2. In terms of identifying the relevant consumer, it is an undisputed fact that as the trade mark is a Community trade mark, this means that: (1) the perception of the trade marks at issue which must be taken into account is that of the European consumer; (2) the relevant consumer of the goods covered by the appellant’s trade marks is the average European consumer; (3) the relevant territory is the territory of the European Union.
3. It is acknowledged that the KERRYGOLD and KERRYMAID trade marks coexist only in Ireland and the United Kingdom: ‘For historical, cultural and commercial reasons, the appellant acquiesced in the presence of the KERRYMAID trade mark in the aforementioned markets but it did so only in terms of the perception of the trade marks in question by the consumers of those two countries ...’ ‘... the appellant did not at any time give the respondent reason to believe that it would tolerate the KERRYMAID brand being launched outside those territories’.
4. With regard to the conflict between the signs at issue, the appellant argues that the court applied the perception test taking account of the perception of a minority of the public to whom the products were directed: Irish and the United Kingdom consumers.

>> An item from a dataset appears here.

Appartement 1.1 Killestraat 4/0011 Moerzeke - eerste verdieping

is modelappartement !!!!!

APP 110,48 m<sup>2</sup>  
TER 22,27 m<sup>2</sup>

It argues that, from the standpoint of other European Union consumers (particularly those who are not English speaking), the alleged differences referred to in the judgment under appeal are irrelevant when determining the similarity or otherwise of the signs at issue.

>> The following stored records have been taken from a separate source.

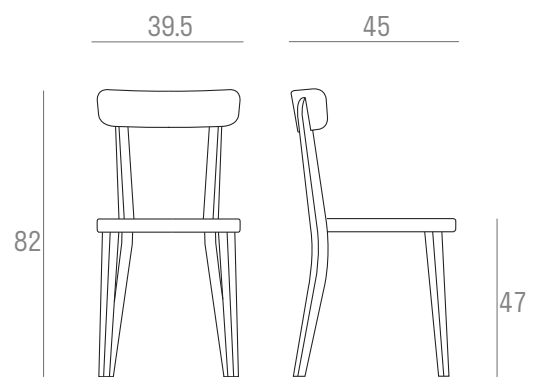

MODEL Milano

MODEL Milano New

-  Kg. 3,90
-  Kg. 10,80 - m³ 0,30 - 2 pcs/box
-  stackability

-  Kg. 3,40
-  Kg. 9,80 - m³ 0,30 - 2 pcs/box
-  stackability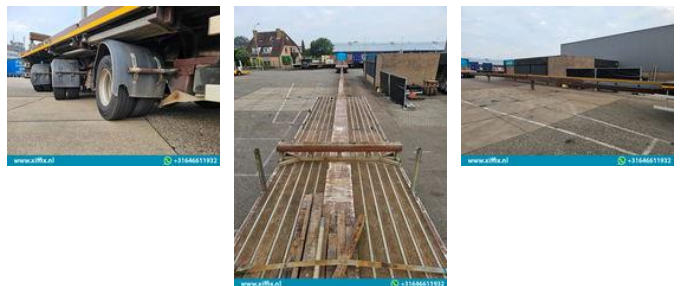

Nootboom 3-ass. Vlakke triple (3x) uitschuifbare oplegger // 48 meter! // 3x gestuurd

Algemene kenmerken

Merk	Nootboom
Subcategorie	Platte oplegger
Bouwjaar	2009
Datum eerste registratie	03-07-2009
Conditie	Gebruikt
Algemene staat	Goed
Referentie	14407

Eigenschappen

Ledig gewicht	15.860kg
Laadvermogen	36.140kg
Max. gewicht	52.000kg
Chassisnummer	XMR0VB00090001714

Nooteboom 3-ass. Vlakke triple (3x) uitschuifbare oplegger // 48 meter! // 3x gestuurd

Technische specificaties

Aantal assen

3

Omschrijving

Opbouw: 3-ass. Vlakke triple (3x) uitschuifbare oplegger // 48 meter! // 3x gestuurd Datum 1e registratie: 03-07-2009 Lengte oplegger : 1.715 + 1.030 + 1.025 + 1.015 cm. Hoogte: +- 130 cm. Breedte: 252 cm. Vering: Lucht Aantal assen: 3 stuks Aantal stuurassen: 3 (hydr.) Aantal liftassen: 0 GVW: 52.000 kg. Ledig gewicht: 15.860 kg. Laadvermogen: 36.140 kg Bandenmaat: 245/70 R 17,5 Gemiddeld profiel in %: 60 % Remmen: Trommelremmen 40% Apk t/m: nvt Merk assen: SAF - Centrale vetsmeering (2x) - Afstandsbediening voor de stuurassen (2x) Oplegger technisch in goede staat!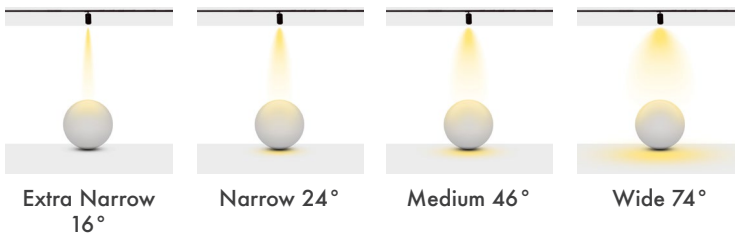

Beam Informations And Technicals / Teknik ve Açısıl Bilgiler

Available Finishes
Uygulama Renkleri

● Textured White
Ral 9016

● Textured Grey
Ral 9006

● Textured Black
Ral 9005

*For more page : 596
*Diğer renkler : 596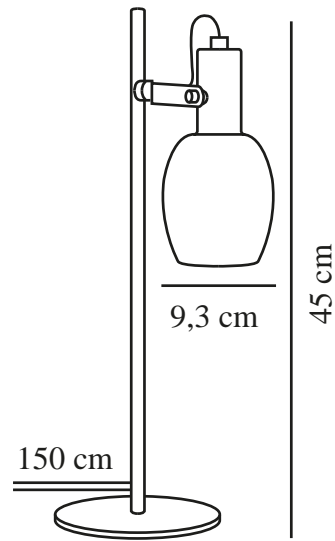

ARILD | LAMPE À POSER | NOIR

2312305003

nordlux®

Tension (V): 220-240 Volt
Protection IP: IP20
Puissance maximale de l'ampoule (W): 40
Classe (Classe 1, Classe 2, Classe 3): Classe 2 (Double isolation)
Culot d'ampoule: E14
Installation du commutateur: Sur le câble
Connexion parallèle: False

Matière première: Métal
Matériau secondaire: Verrerie
Couleur du câble: Noir
Longueur du câble (cm): 150
Matériau de surface du câble: Textile
Le câble est-il remplaçable: False
Couleur: Noir

Hauteur (cm): 45
Largeur (cm): 26
Diamètre du tube (cm): 1.15
Diamètre de l'abat-jour (cm): 9.3
Longueur (cm): 26
Installation directement dans l'isolant: False
Angle de rotation (°): 355

EAN: 5704924015786
TUN: 2326254
Numéro d'article: 2312305003
Pièces par unité d'emballage: 3
Hauteur de la boîte de vente (cm): 47

Largeur de la boîte de vente (cm): 11
Profondeur de la boîte de vente (cm): 17
Volume de la boîte de vente m³: 0.0088
Poids net du produit (kg): 1.2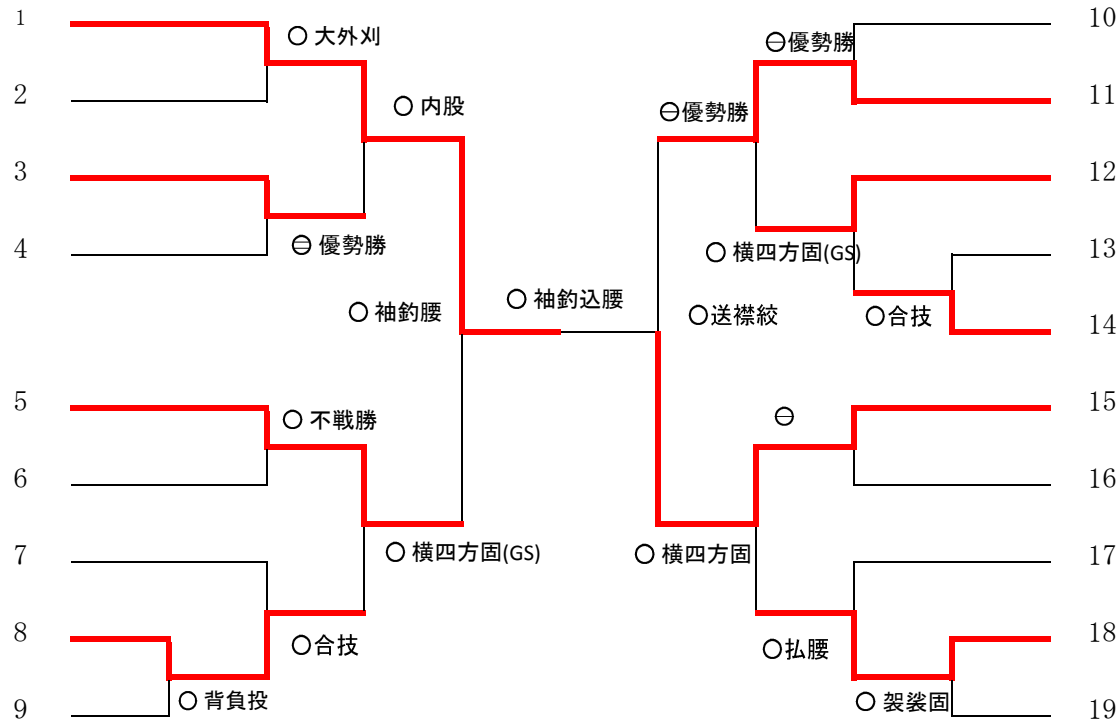

第44回大会

個人試合 女子52Kg級

- 三輪 望  
( 兵庫県 ・ 飾磨工業 )
- 平井 愛  
( 宮城県 ・ 仙台大志 )
- 城谷 美智子  
( 広島県 ・ 広島国泰寺 )
- 篠田 真由  
( 東京都B ・ 浅草 )
- 佐々木 茜  
( 岡山県 ・ 鳥城 )
- 矢部 夏輝  
( 千葉県 ・ 館山総合 )
- 小久保 静香  
( 埼玉県 ・ 戸田翔陽 )
- 船橋 美沙貴  
( 茨城県 ・ 水戸南 )
- 吉元 里瑛子  
( 鹿児島県 ・ 開陽 )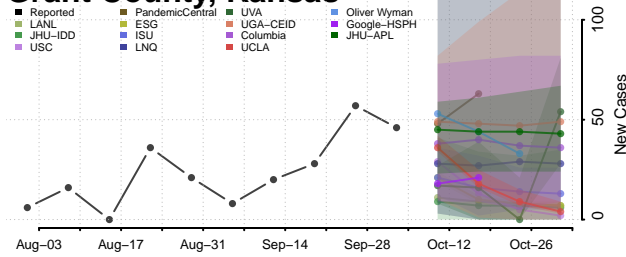

Grant County, Kansas

5. The reasoning on the peaceful coexistence of the trade marks at issue is contested [reiteration of the arguments made] … The court’s reasoning is disputed, the appellant submitting that the principle of unity of the Community trade mark means that the coexistence of trade marks in an EU Member State cannot be regarded as a determining factor which precludes the existence of a likelihood of confusion in the European Union as a whole; thus the coexistence of the trade marks in the United Kingdom and Ireland does not exclude the likelihood of confusion in the other EU countries.
6. [The application requests that] two questions be referred to the Court of Justice of the European Union for a preliminary ruling:
7. [Similar to the first question referred for a preliminary ruling in the operative part] …
If you would like to comment on this case to the UK Intellectual Property Office, please email firstname.lastname@example.org by 31 March 2016.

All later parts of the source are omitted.